Perverse sheaves, Fourier transform

Here is some information about perverse sheaves on Riemann surfaces.  At the end is a point I’m confused about.

A perverse sheaf is a constructible chain complex of sheaves \(P\) that obeys the following conditions: 1.  except for finitely many points \(x\), the stalk of \(P\) at \(x\) is concentrated in degree zero, 2. at those points (call them singularities), the stalk is concentrated in degrees zero and minus one, and the costalk is concentrated in degrees zero and plus one.  Perverse sheaves make an abelian category in which every object has finite length.

Perverse sheaves are local systems, except near one of the singular points.  The building block is the case where \(X\) is the affine line and \(0\) is the unique singular point.

Deligne observed in a 1981 letter to MacPherson that in this case the category of perverse sheaves is equivalent to the category of tuples \(V,W,p:V \to W, q:W \to V\) subject to the condition that \(1 – qp:V \to V\) is invertible.  \(V\) is the stalk of \(P\) at \(1\), which can also be identified with the relative cohomology \(H^1(\mathrm{U}(1),\{1\};P)\).  \(W\) is the cohomology of the pair \(H^1(X,\{1\};P)\) — note this doesn’t change if we replace \(\{1\}\) with a half-plane, \(W\) is a Morse group.  The map \(p:V \to W\) is the connecting homomorphism for the pairs \(X,\{1\}\) and the map \(q:W \to V\) is the restriction homomorphism for the inclusion \(\mathrm{U}(1),\{1\} \to X,\{1\}\).  The composite \(qp\) is a differential computing the cohomology of \(\mathrm{U}(1)\) with coefficients in \(P\) — in other words it is one minus the monodromy of \(P\) around \(0\).

Let \(V,m\) be a local system on \(X – \{0\}\) with fiber \(V\) and monodromy \(m\).  There are three functorial extensions to a perverse sheaf on \(X\):

1.  Take \(W = V\), \(p = 1-m\), \(q = 1\).  This is the \(*\)-extension.

2.  Take \(W = V\), \(p = 1\), \(q = 1-m\).  This is the \(!\)-extension.

3.  Take \(W = \mathrm{image}(1-m)\), \(p = 1-m\), \(q =\) inclusion map.  This is the IC extension.

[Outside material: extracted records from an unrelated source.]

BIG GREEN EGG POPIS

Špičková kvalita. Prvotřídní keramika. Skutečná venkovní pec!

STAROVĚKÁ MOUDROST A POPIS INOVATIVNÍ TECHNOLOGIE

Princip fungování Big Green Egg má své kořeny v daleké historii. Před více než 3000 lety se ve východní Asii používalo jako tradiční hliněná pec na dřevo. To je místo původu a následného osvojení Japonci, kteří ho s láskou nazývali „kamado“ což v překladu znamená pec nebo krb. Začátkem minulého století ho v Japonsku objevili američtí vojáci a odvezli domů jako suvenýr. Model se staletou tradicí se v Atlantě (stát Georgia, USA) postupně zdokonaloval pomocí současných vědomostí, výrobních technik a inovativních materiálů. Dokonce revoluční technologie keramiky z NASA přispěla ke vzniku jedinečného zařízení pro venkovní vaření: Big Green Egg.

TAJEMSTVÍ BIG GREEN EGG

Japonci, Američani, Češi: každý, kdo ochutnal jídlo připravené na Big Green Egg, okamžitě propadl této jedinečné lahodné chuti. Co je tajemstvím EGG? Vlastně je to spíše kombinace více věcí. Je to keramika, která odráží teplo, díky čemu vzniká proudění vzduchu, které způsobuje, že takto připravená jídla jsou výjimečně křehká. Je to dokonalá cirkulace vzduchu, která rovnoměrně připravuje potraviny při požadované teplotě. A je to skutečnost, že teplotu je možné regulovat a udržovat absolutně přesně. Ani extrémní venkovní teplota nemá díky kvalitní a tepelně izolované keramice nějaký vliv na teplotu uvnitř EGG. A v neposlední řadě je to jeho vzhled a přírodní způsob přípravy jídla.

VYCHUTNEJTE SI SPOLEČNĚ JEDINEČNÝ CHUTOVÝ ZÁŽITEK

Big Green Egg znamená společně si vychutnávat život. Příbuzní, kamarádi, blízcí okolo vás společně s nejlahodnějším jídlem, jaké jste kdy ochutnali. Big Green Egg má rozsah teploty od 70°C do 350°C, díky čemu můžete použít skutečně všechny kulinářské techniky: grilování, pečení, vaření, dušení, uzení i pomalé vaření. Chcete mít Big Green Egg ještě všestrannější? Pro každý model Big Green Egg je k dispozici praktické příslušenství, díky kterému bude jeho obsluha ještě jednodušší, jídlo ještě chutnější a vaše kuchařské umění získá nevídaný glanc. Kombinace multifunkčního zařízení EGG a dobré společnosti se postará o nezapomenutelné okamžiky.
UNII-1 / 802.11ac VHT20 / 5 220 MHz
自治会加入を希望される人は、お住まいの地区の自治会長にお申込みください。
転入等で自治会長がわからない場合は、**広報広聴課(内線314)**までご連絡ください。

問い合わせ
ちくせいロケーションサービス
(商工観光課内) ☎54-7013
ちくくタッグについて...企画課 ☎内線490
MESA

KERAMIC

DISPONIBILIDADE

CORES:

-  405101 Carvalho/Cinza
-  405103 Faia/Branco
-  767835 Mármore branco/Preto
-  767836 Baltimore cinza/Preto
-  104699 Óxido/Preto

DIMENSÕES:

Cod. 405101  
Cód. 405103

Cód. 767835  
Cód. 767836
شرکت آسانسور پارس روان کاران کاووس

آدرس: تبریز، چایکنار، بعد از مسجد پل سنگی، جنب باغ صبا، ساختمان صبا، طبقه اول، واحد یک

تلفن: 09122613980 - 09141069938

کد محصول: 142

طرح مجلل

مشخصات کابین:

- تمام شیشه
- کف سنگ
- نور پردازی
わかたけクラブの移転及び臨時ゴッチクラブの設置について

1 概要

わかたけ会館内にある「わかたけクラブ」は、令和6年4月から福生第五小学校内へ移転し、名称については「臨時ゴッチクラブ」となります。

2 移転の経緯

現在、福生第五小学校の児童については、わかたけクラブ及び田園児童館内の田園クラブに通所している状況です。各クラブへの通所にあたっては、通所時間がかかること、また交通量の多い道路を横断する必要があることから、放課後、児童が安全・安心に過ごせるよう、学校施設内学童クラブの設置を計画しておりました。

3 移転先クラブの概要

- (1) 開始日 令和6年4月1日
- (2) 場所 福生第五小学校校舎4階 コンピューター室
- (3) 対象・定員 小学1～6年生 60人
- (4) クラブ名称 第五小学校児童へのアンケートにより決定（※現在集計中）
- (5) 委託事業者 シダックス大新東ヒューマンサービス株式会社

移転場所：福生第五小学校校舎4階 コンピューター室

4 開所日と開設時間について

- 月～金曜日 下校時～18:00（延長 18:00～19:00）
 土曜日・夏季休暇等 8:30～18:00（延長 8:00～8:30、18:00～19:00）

When \(m\) is regular unipotent, there is a fourth, less functorial “tilting” extension: take \(W = V\) plus a one-dimensional vector space, let \(p\) be the inclusion map, and let \(q\) send the one-dimensional summand to the invariant line of \(m\).

To be really explicit, the tilting extension of the constant sheaf on \(X – \{0\}\) has \(V = k\), \(W = k^2\), \(p = (1,0)^T\), \(q = (0,1)\).  Call this sheaf \(T\).

If \(1 – qp\) is invertible, so is \(1 – pq\), leading to the auto equivalence \((V,W,p,q) \mapsto (W,V,q,p)\).  This is the Fourier transform.  The Fourier transform of a tilting sheaf is an IC sheaf.  In particular the Fourier transform of \(T\) is the IC extension of a rank two local system with unipotent monodromy around \(0\).

Question

There is a claim at the end of Nadler-Zaslow, that the tilting extension of the constant sheaf on \(X – \{0\}\) has a holomorphic Lagrangian representative given by the graph of \(dz/z^2\).  Let’s call the cotangent coordinate \(y\), our holomorphic Lagrangian representing \(T\) is \(yz^2 = 1\).

Naively, the Fourier transform should just exchange the role of \(y\) and \(z\), i.e. regarding \(z\) as the cotangent coordinate should give us a perverse sheaf on the \(y\)-line with two-by-two unipotent monodromy around \(0\).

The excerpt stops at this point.